The Canadian dollar is strengthening, and USD/CAD is declining ahead of the Bank of Canada's interest rate decision to be published at 14:45 (GMT) today. If today's statements by the Bank of Canada's leaders are interpreted by the market as dovish, then we should expect a resumption of growth in the USD/CAD pair.
A breakout of resistance levels at 1.3485 (200 EMA on the daily chart) and 1.3505 (144 EMA on the daily chart) will move USD/CAD into the zone of a medium-term bullish market and resume the upward trend in the context of a long-term bullish market. The first signal for the realization of this scenario could be a breakout of resistance levels at 1.3450 (200 EMA on the 1-hour chart) and 1.3465 (50 EMA on the daily chart).
In an alternative scenario, the price will break the important short-term support level at 1.3441 (200 EMA on the 4-hour chart) and continue its decline towards the key support level at 1.3185 (200 EMA on the weekly chart), separating the long-term bullish market from the bearish one. Its breakdown, in turn, will return USD/CAD to the zone of a long-term bearish market, making long-term short positions preferable.

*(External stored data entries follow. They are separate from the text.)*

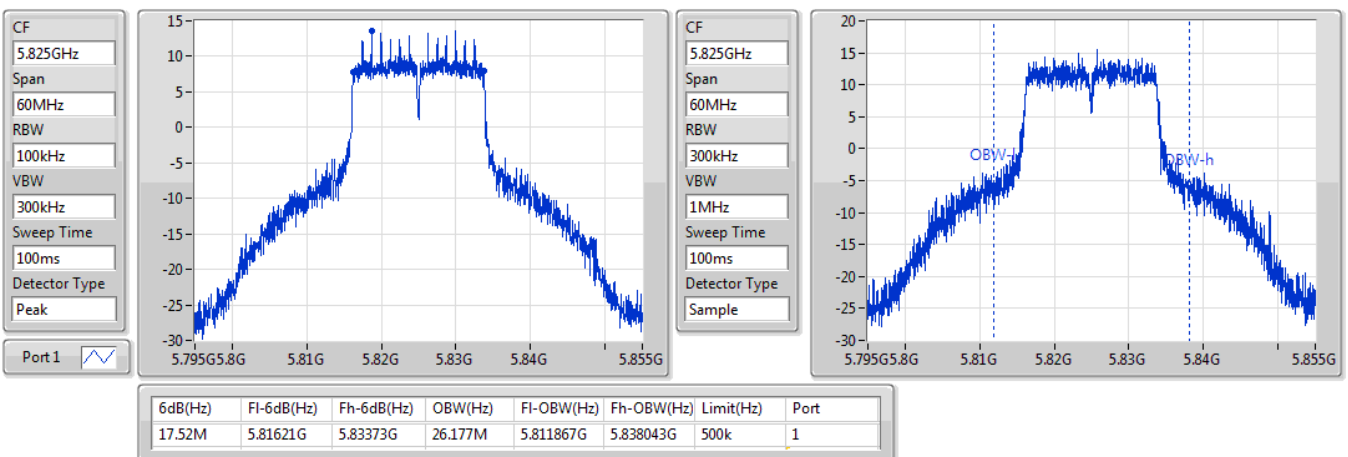

802.11ac VHT20_Nss1,(MCS0)_1TX

EBW

5825MHz

20/09/2019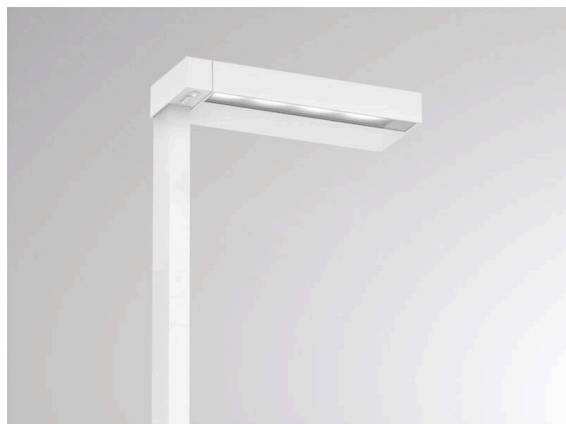

CONCEPT

723-00112011955t

CONCEPT RIGHT F STEHLEUCHTE aus Aluminium, weiß, ähnlich RAL 9016, mikrofaccettierter Freiformflächenreflektor Ausstrahlwinkel für Einzelarbeitsplatz, Lichtaustritt direkt/- indirekt 30:70, UGR <19, mit Betriebsgerät, max. 1500mA, Dimmbarkeit: Push Dim, Kabel schwarz, IP20, Folientaster mit USB Anschluss (max. 1A)

SKIZZE

TECHNISCHE DETAILS

Leuchtmittel	LED
Systemleistung [W]	70
Lichtstrom [lm]	7400
Strom sekundärseitig [mA]	1500
Lichtfarbe	3000K
CRI	>80
UGR	<19
Optik	mikrofacettierter Freiformflächenreflektor mit Betriebsgerät
Betriebsgerät	Push Dim
Dimmbarkeit	direkt/- indirekt 30:70 für Einzelarbeitsplatz
Lichtaustritt	220-240V AC/DC
Ausstrahlwinkel	
Spannung	
Länge [mm]	355
Breite [mm]	131
Höhe [mm]	2077
Schutzart	IP20
Schutzklasse	Schutzklasse I
Material	Aluminium
Farbe Leuchte	weiß
RAL	9016
Kabel	schwarz
Lebensdauer [h]	L80 B10 50 000
Energieeffizienzklasse	D
Anzahl Leuchten B16A	24
Nettogewicht [kg]	12,94
EAN-Nummer	9010506308341

Support levels: 1.3441, 1.3400, 1.3300, 1.3260, 1.3200, 1.3185
Resistance levels: 1.3450, 1.3453, 1.3465, 1.3485, 1.3505, 1.3540, 1.3600, 1.3615, 1.3700, 1.3775, 1.3800, 1.3860, 1.3890, 1.3900, 1.3970, 1.4000
Trading Scenarios
Alternative scenario: Sell Stop 1.3430. Stop-Loss 1.3470. Targets 1.3400, 1.3300, 1.3260, 1.3200, 1.3185
Main scenario: Buy Stop 1.3470. Stop-Loss 1.3430. Targets 1.3485, 1.3505, 1.3540, 1.3600, 1.3615, 1.3700, 1.3775, 1.3800, 1.3860, 1.3890, 1.3900, 1.3970, 1.4000
"Targets" correspond to support/resistance levels. This also does not mean that they will necessarily be reached, but they can serve as a guideline in planning and placing your trading positions.